The ability to restrict access to Nubis enviroments based on IP address is a basic security requirement. While Network ACLs are used for the actual blocking, that administrator script runs from the nat instance and therefore is documented here.

Implementation

Within the nat instances we have implemented an IP blocklist shell script that updates the default Network Access Control List (NACL) for the Virtual Private Cloud (VPC). The script runs on a cron job and simply updates the default NACL for the VPC. Necessary permissions can be seen here.

Blocklist File

The Mozilla Infosec team maintains a blocklist for AWS located here. This list is auto generated from their security monitoring systems with the necessary resolution. Their full list often contains far more that 18 entries (see Limitations below). For that reason they make decisions about what IPs to include based on their own priority.

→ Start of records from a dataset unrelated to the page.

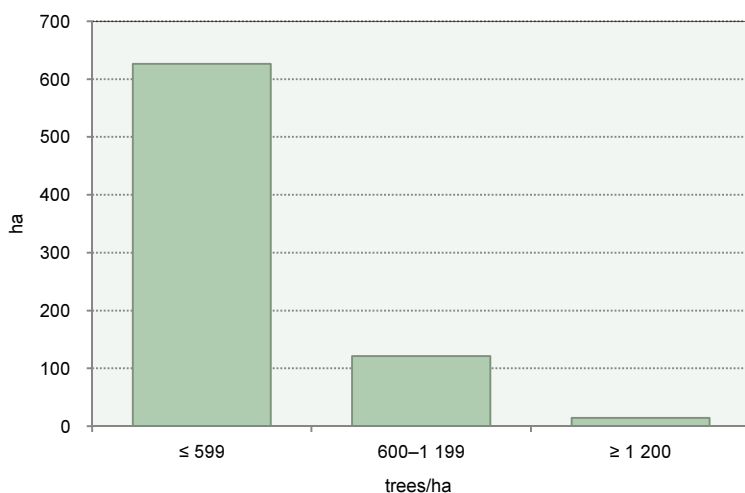

1-11. Peach trees: orchard area by groups and by plantation density

ha

	Orchard area, total	in which by plantation density (trees/ha)		
		up to 599	600–1 199	1 200 and more
Peach trees, total	761.38	626.21	120.95	14.22
in which groups:				
Yellow flesh				
Early	10.86	10.52	0.34	-
Medium	545.30	454.41	85.39	5.50
Late	164.19	141.98	20.86	1.35
White flesh				
Early	0.13	0.12	i. d.	.
Medium	4.58	2.60	1.98	-
Late	0.88	0.48	0.40	-
Nectarines				
Early	2.25	2.24	i. d.	.
Medium	5.52	1.28	1.76	2.48
Late	27.67	12.58	10.20	4.89

PEACH TREES BY PLANTATION DENSITY
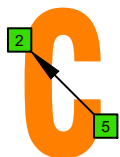

CAGED octaves (Baritone 6-string guitar : B1 standard tuning - BEADF#B) **C major arpeggio** - ENTIRE FINGERBOARD NOTE NAMES

CAGED octaves (Baritone 6-string guitar : B1 standard tuning - BEADF#B) **C major arpeggio** : ENTIRE FINGERBOARD INTERVALS

C
major arpeggio
CAGED
octaves
box shapes
Baritone
6-string guitar
B1 standard tuning
BEADF#B

5C2
BOX SHAPE

5A3
BOX SHAPE

6G3G1
BOX SHAPE

6E4E1
BOX SHAPE

4D2
BOX SHAPE

5C2 at 12
BOX SHAPE

NOTE NAMES
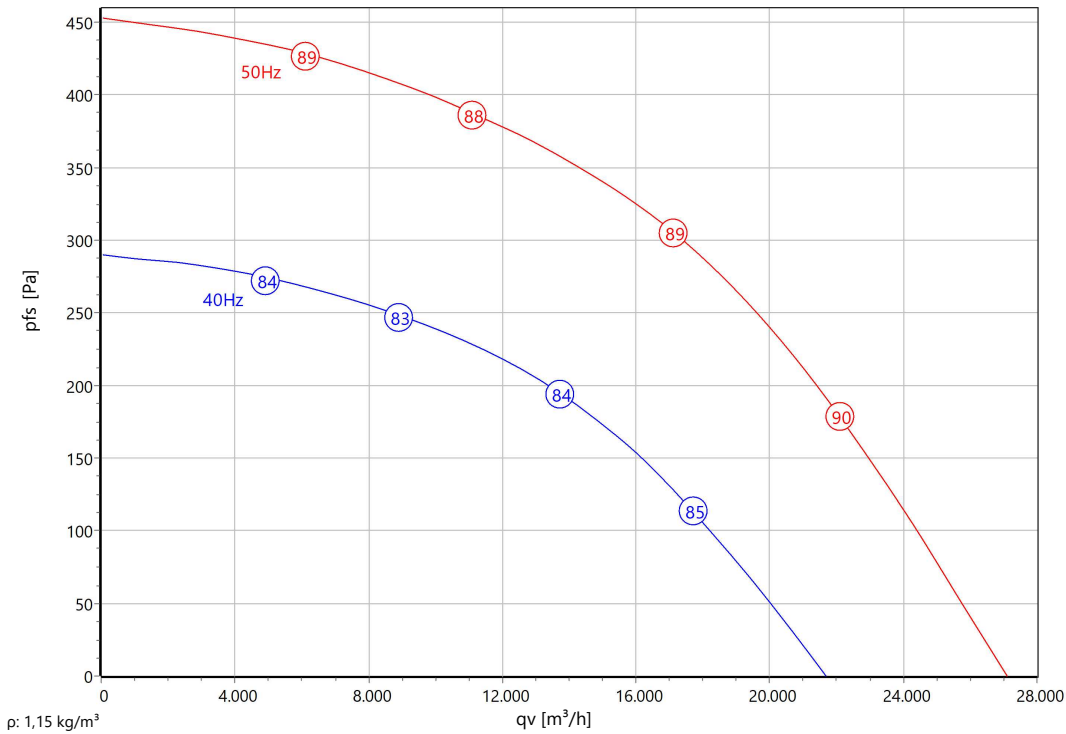

Type: **DVN 900-8 D-GS**
 Part no.: A01-90080

Curve:

Nominal Data:

U [V]	f [Hz]	C [µF]	Po [KW]	IN [A]	nN [r/min]	tR [°C]	k10 [m²s/h]	IA / IN	IP	m [kg]
400 D	50	-	3	7,2	710	-25 .. +100	-	-	IP 54	270

Sound Data:

Frequency	Σ	125Hz	250Hz	500Hz	1kHz	2kHz	4kHz	8kHz	Distances	1 m	4 m
LwA(A,in) [dB(A)]	-3	-19	-16	-15	-11	-14	-20	-28	LpA(A,in) [dB(A)]	-10	-20
LwA(A,out) [dB(A)]		-13	-9	-8	-5	-9	-18	-26	LpA(A,out) [dB(A)]	-7	-17

DVN 900-8 D-100C - Roof fan vertical - 400V, 50Hz

Type: **DVN 900-8 D-GS**

Part no.: A01-90080

Type: **DVN 900-8 D-GS**

Part no.: A01-90080

Roof fan

vertical outlet with IEC standard motor

Rain protection cover and square housing made of aluminium. Base frame equipped with threaded bolts for tightening accessories on suction side and a bended inlet cone, manufactured of galvanized sheet metal. Motor outside of the air stream weatherproof. Impeller made of aluminum (AlMg3) with 8 backward curved blades. Compact and flexible design. IEC motor according to EN 60034 (IEC 60072). Meets efficiency class IE3. Applicable for use with Variable Frequency Drive (VFD). Positive Temperature Coefficient (PTC) thermistor standard. Protection class IP55. 50/60Hz operation possible. Isolation class F. Motorized Impeller statically and dynamically balanced according to DIN ISO 21940-11 at least with quality level G6.3. The electrical connection is possible over the mounted ON/OFF-switch. Air volume control is possible by the use of an frequency converter (accessory).

100 °C

Protection Mode

IP 54

Weight

270 kg

Dimensions

1700 mm / 1700 mm / 1150 mm

Contact:
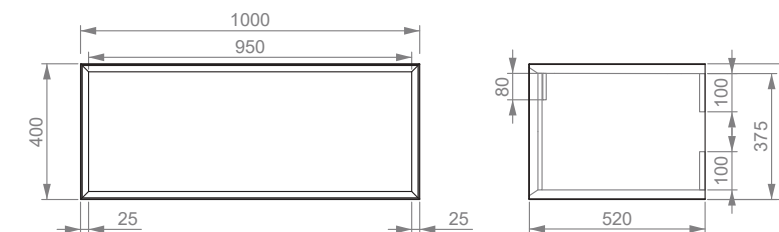

MOMI100TOP
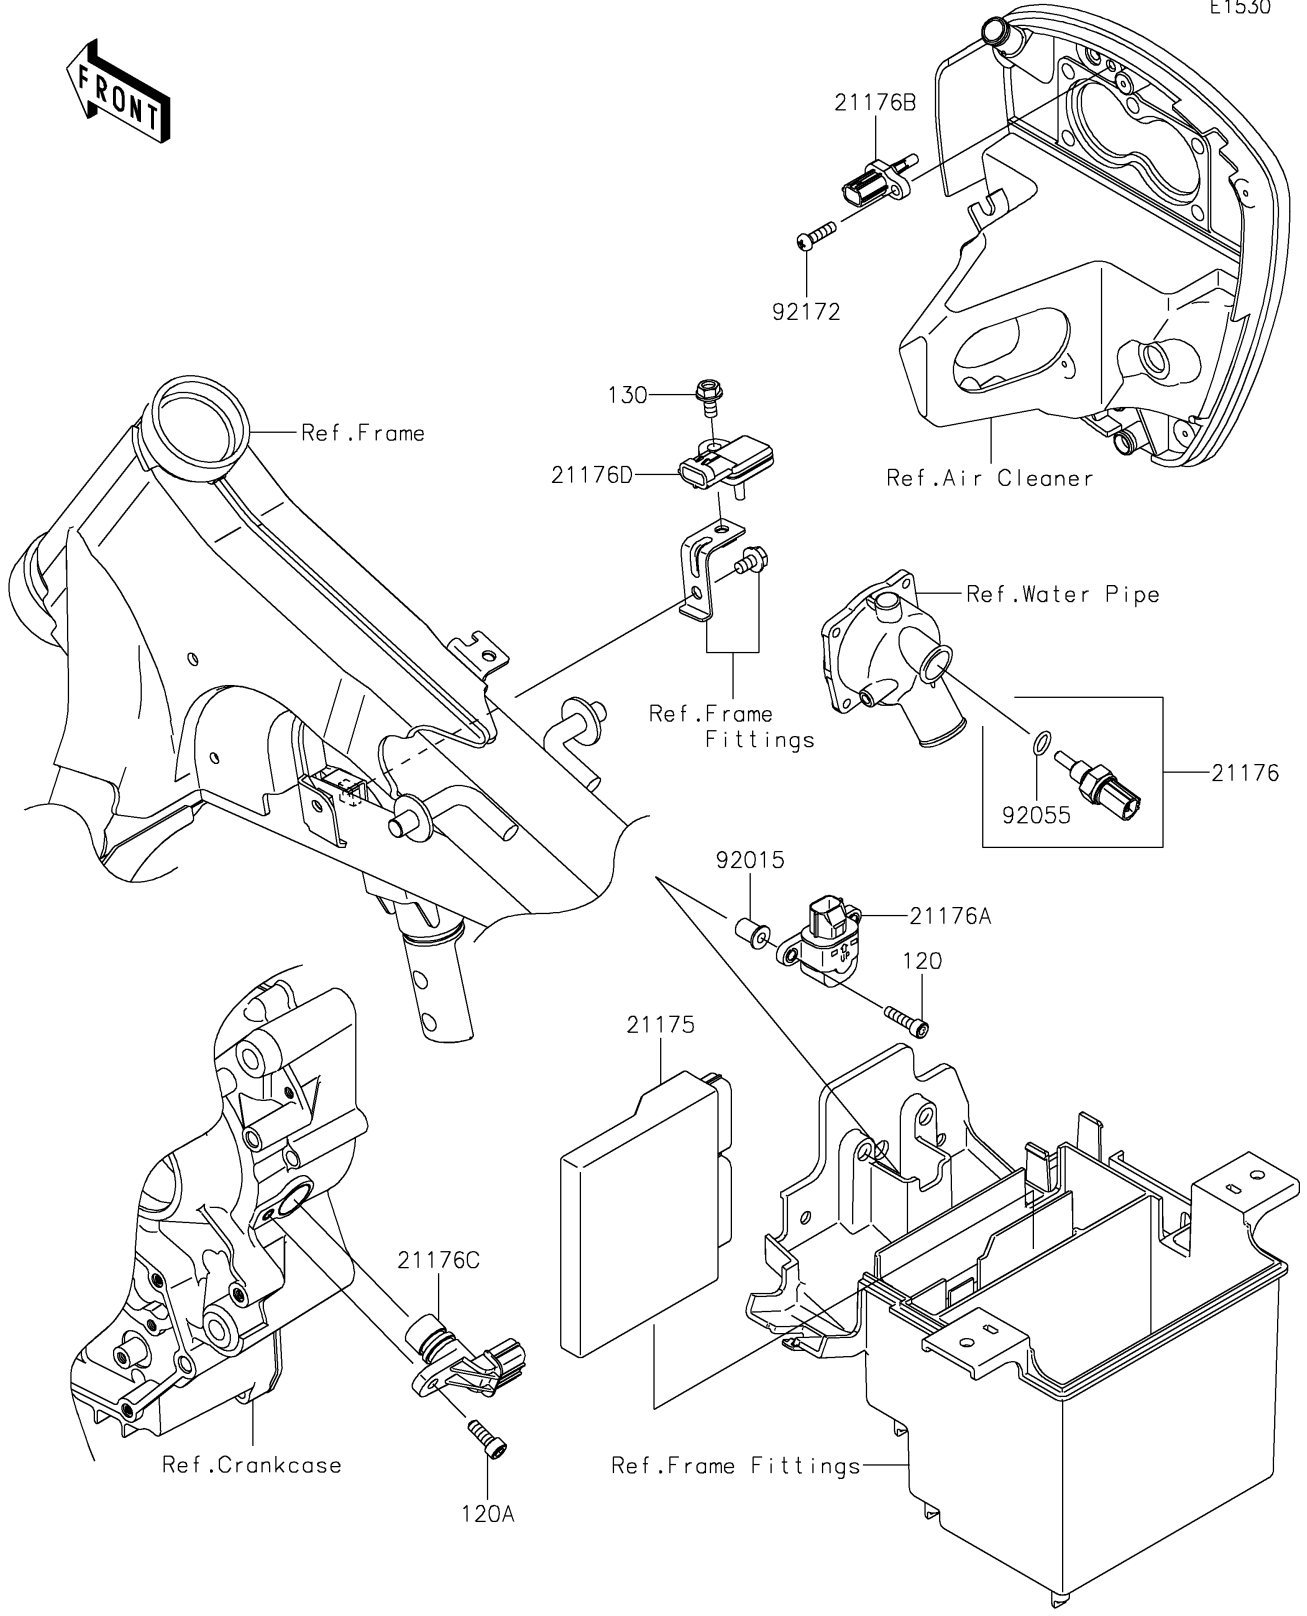

2022 VULCAN® 900 CLASSIC PARTS DIAGRAM

Fuel Injection

E1530

2022 VULCAN® 900 CLASSIC PARTS LIST

Fuel Injection

ITEM NAME	PART NUMBER	QUANTITY
CONTROL UNIT-ELECTRONIC (Ref # 21175)	21175-0146	1
SENSOR,WATER TEMP (Ref # 21176)	21176-0009	1
SENSOR (Ref # 21176A)	21176-0025	1
SENSOR,AIR TEMPERATURE (Ref # 21176B)	21176-0048	1
SENSOR,SPEED (Ref # 21176C)	21176-0054	1
SENSOR,PRESSURE (Ref # 21176D)	21176-0058	1
NUT,WELL,5MM (Ref # 92015)	92015-1757	2
RING-O,9.5X1.9 (Ref # 92055)	92055-0016	1
SCREW,TAPPING,5X20 (Ref # 92172)	92172-0011	1
BOLT-SOCKET,5X20 (Ref # 120)	120CA0520	2
BOLT-SOCKET,6X16 (Ref # 120A)	120CA0616	1
BOLT-FLANGED,6X12 (Ref # 130)	130BA0612	1
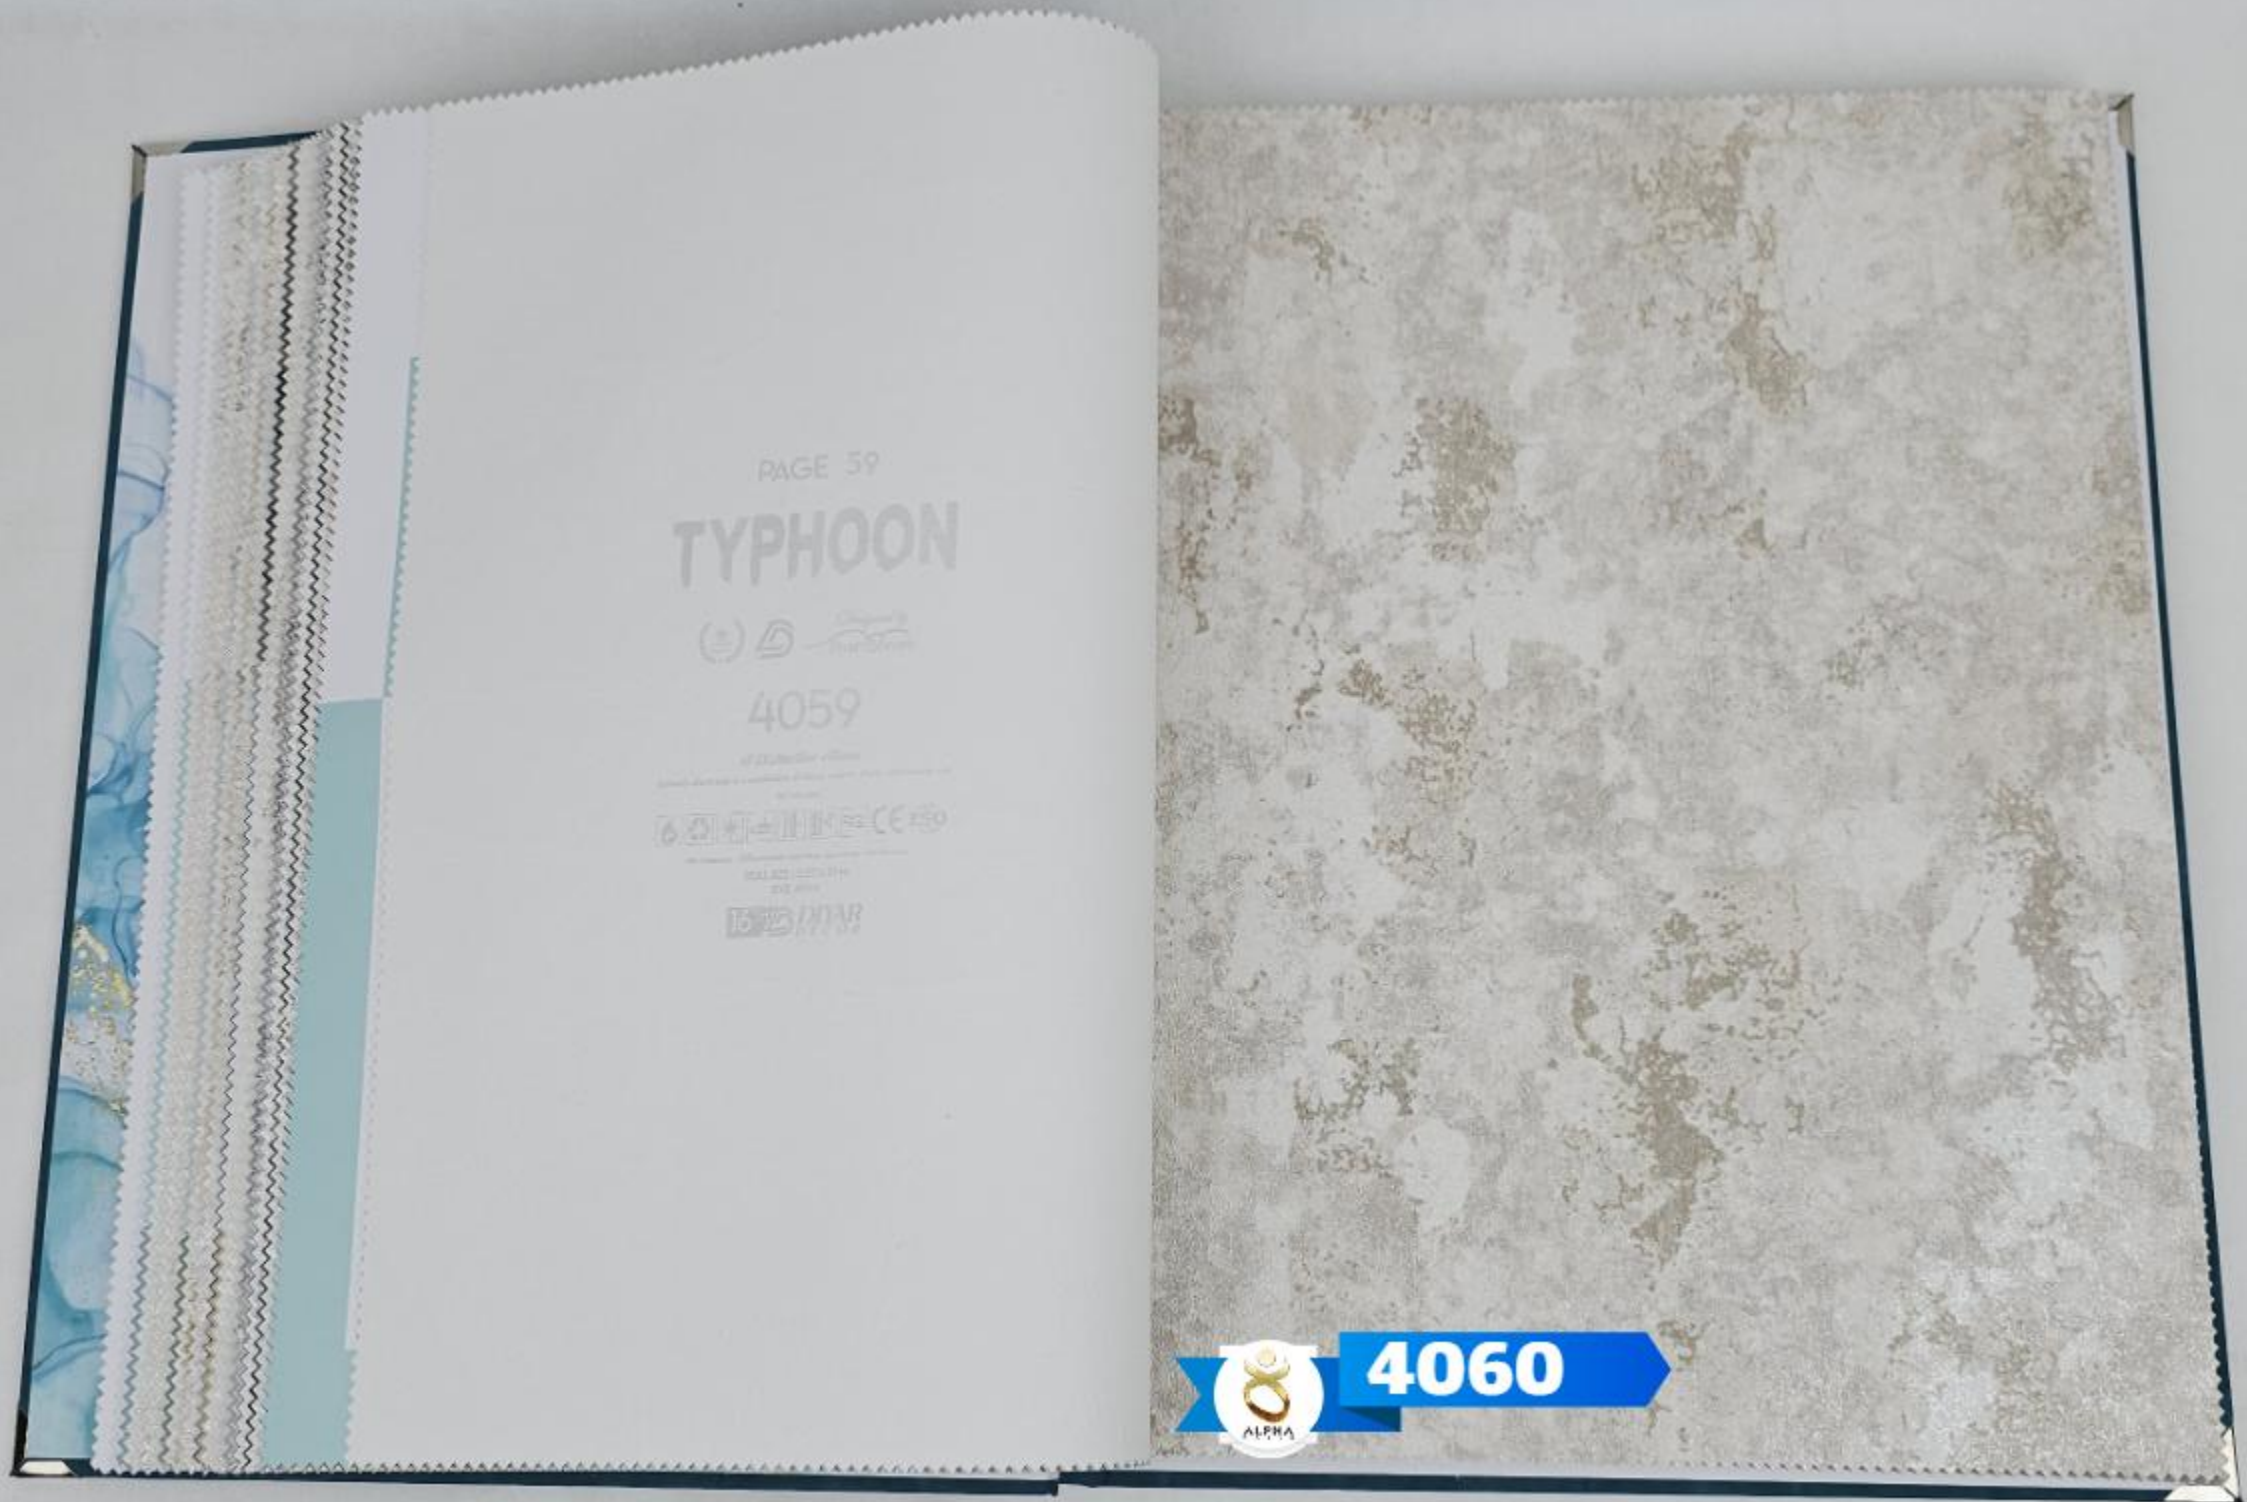

PAGE 59
TYPHOON

4059

ALPHA WALLS

4060

The current IP block list is not signed. We have requested that infosec implement signing of the generated file. The Nubis project already supports verification of signature and will enable the feature once signing is implemented.

Alternate blocklists can be used by updating the deployment variable [Not yet implemented, link once complete).

Limitations

There are a number of limitations that exist in AWS. There can only be one NACL attached to a VPC at a time. A NACL can have up to 20 entries. Of those 20 entries two are used by default and cannot be removed, a allow all entry and a final deny all entry. This leaves 18 usable entries for block listing. This is a "soft" limit and can be raised to a "hard" limit of 40, however the documentation suggests that this can lead to significant network slowdowns. For that reason we have decided to leave the number of entries at the default of 20.

The cron job runs with a &minute frequency. This gives us a best-case update time of one minute. Update time can be further delayed if the generated file is delayed. Additionally we have experienced occasional latency when calling the AWS API to update the NACL entries which results in increased delay.